Thomas Gardner, in his article “Jorie Graham’s The End of Beauty and a Fresh Look at Modernism,” analyzes Graham’s use of liminal space in contrast to modernist poets that came before her.  Inspired by a Graham’s statement in which she claims that the Western view of what the in-between space can actually do has been narrowed by modernist poets, Gardner explores what happens when her poems are placed against those of three well-known modernist poets: Stevens, Frost, and Eliot. With each poem, Gardner emphasizes where the modernist poet moves in both directions in regard to the in-between space and how Graham then opens that space and dwells there. Garner compares Stevens’s “The Idea of Order at Key West” to Graham’s “Ravel and Unravel,” Frost’s “Birches” to Graham’s “Vertigo,” and Eliot’s The Waste Land to Graham’s “Pollock and Canvas.” By focusing on these works, Gardner discovers how Graham pulls from modernist poets and applies her interest in the “moment of process,” expanding and challenging the way these poets dealt with the questions that arose in their writing.

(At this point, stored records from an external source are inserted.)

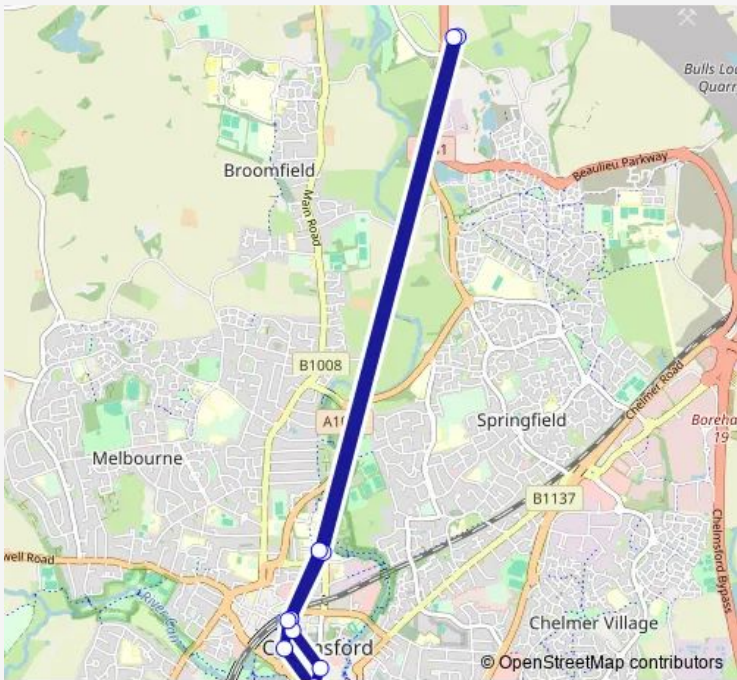

Bus 702 Chelmer Valley Park & Ride

[Go to website](#)

Direction
 Chelmer Valley Park-and-Ride — Chelmer Valley Park-and-Ride

11 stops

[Open route schedule](#)

- Chelmer Valley Park-and-Ride
- Anglia Ruskin University
- Station
- Careers Office
- High Chelmer
- Job Centre
- Parkway
- Victoria Road South
- Station
- Anglia Ruskin University
- Chelmer Valley Park-and-Ride

Route schedule
 Chelmer Valley Park-and-Ride — Chelmer Valley Park-and-Ride

Monday	06:30-20:45
Tuesday	06:30-20:45
Wednesday	06:30-20:45
Thursday	06:30-20:45
Friday	06:30-20:45
Saturday	07:00-19:45
Sunday	—

Route info

Direction: Chelmer Valley Park-and-Ride

Stops: 11

Trip Duration: 0 hour 35 min

702 Bus time schedules and route maps are available in an offline PDF at busmaps.com. Use the busmaps.com website to see live bus times, train schedule or subway schedule, and step-by-step directions for all public transit in Chelmsford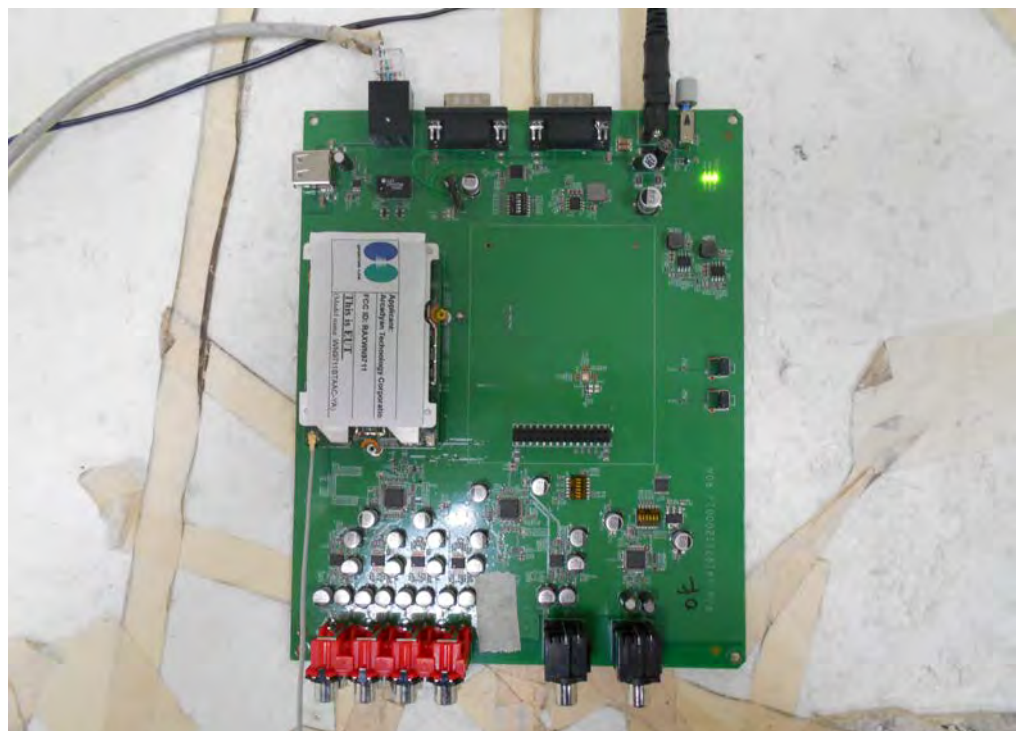

Appendix A. Test Photos

1. Photographs of Dynamic Frequency Selection Test Configuration

For Master / For Radio 1:

FRONT VIEW

CLOSE-UP VIEW

For Master / For Radio 2:

FRONT VIEW

CLOSE-UP VIEW

For Client without radar detection / For Radio 1:

FRONT VIEW

CLOSE-UP VIEW

For Client without radar detection / For Radio 2:

FRONT VIEW

CLOSE-UP VIEW

                When looking at Stevens’s poem in relation to “Ravel and Unravel,” Gardner suggests that both poets ask similar questions: the speaker encounters a gap and tries to work through his/her response. However, when Graham takes it up years later, she shifts the ending of enraged order and takes it back and slows the poem down to the moment just before the shape if formed, the “moment of process” in which the mind is most fully engaged. Gardner finds a similar occurrence in his comparison of “Birches” to “Vertigo.” However, while “Birches” seems to present a circular movement, Graham freezes the moment and challenges the idea the “earth is the best place for love” by declaring that it “cannot love.” In slowing the moment with frantic questions, Graham concludes that the body, much like the form of poetry, limits the mind, unable to follow its boundless flights. Graham also challenges the idea found in The Waste Land in which Eliot refers to a buried corpse as the death of culture and wonders if some new form will grow to replace it. Graham revisions this idea by claiming it is not “controlling hands” but a shift in view, a removing of hands, that creates a new form.

                Through Garner’s investigation, Graham’s poems take on a new dimension in regards to the poetry movement as well as open up a new way of thinking and of questioning. Instead of accepting the in-between space as prescribed by past poets, Gardner demonstrates how Graham challenges and expands on their way of thinking by focusing on the “moment of process.”

Wednesday, March 20, 2013

The End of Beauty


Perhaps it is my research regarding Schnackenberg’s use of thresholds that has me tuned to liminal spaces, but in reading Jorie Graham’s The End of Beauty, she seemed to be dwelling in the liminal. In the beginning, I noticed her tendency to describe objects or features through a binary of black and white or dark and light; however, as I moved through the volume, she seemed to lean into shadow, into that liminal space of what lies in between and the shifting back and forth between. For example, Graham describes the transition of light to dark across the human form:

            We stood there. Your face went out a long time

            before the rest of it. Can’t see you anymore I said. Nor I,

            you, whatever you still were

            replied. (What the End is For)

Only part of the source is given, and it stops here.